Just as children with Down syndrome, Primrose syndrome children bear unique physical characteristics. There is minimal research on such a rare disease. The main symptoms are scoliosis, autism, and muscle wastage.
Yet Stacie will tell you that Sydney truly lights up the room with her sweet, innocent smile.
Shaving Sydney’s Hair May Save Her Life
A decision was made to shave Sydney’s hair. When Stacie noticed Sydney’s thinning hair, she discovered that Sydney had been pulling at her hair. That posed a danger when her hair caught in her feeding device. It will be necessary to shave Sydney’s long hair to prevent her from choking.

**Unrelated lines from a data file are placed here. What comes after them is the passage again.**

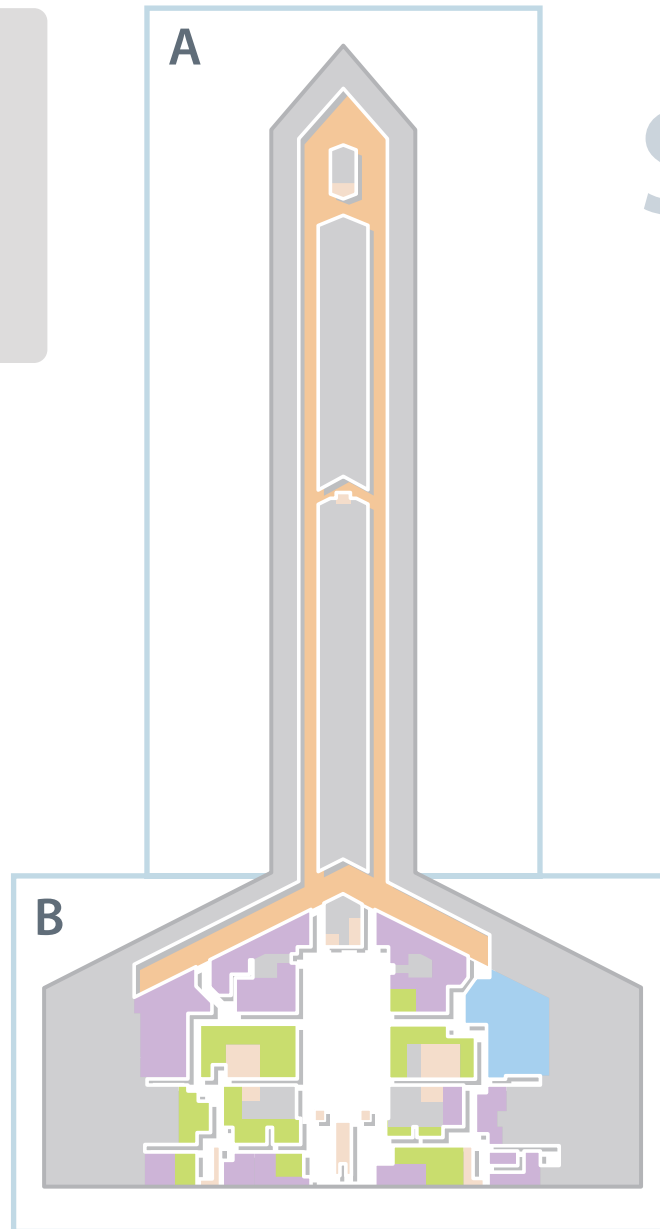

4F

쇼핑이나 레스토랑, 전망 목욕탕이나
각종 이벤트 등,
모든 기대와 호기심을 채워 주는
개방적인 오락 공간입니다.

Sky Town

-  엘리베이터
-  계단
-  스카이텍
-  AED(자동심실제세동기)

- 화장실
- 다목적 화장실
- 유아휴게실(수유실)
- 물품보관함
- 전화
- 자동판매기
- 엘리베이터
- 에스컬레이터
- 흡연실
- 스카이덱
- AED(자동심실제세동기)

This and other actions such as screaming and banging her heels are considered “looking for feedback.” Stacie can only hope that this behavior eventually stops.
Sydney Travels Too
Stacie makes sure that Sydney does not miss out on the family outings. Sydney is included in many of their activities including a trip to Turkey in July.
The other children in the family are Carson age seven, Pree (age twelve), Bradley (age fourteen), and Mackenzie (age fifteen). Sydney has been to music festivals and the cinema with her siblings.
The other bright light on the horizon is that the family is looking forward to moving from cramped quarters. The home has three bedrooms that are not suitable for a family of seven plus Sydney’s equipment. Not to mention the twenty-one steps leading to the front door.
Stacie agrees that the added burden of COVID made their situation more difficult. Then she turns to Sydney and is cheered by her radiant smile.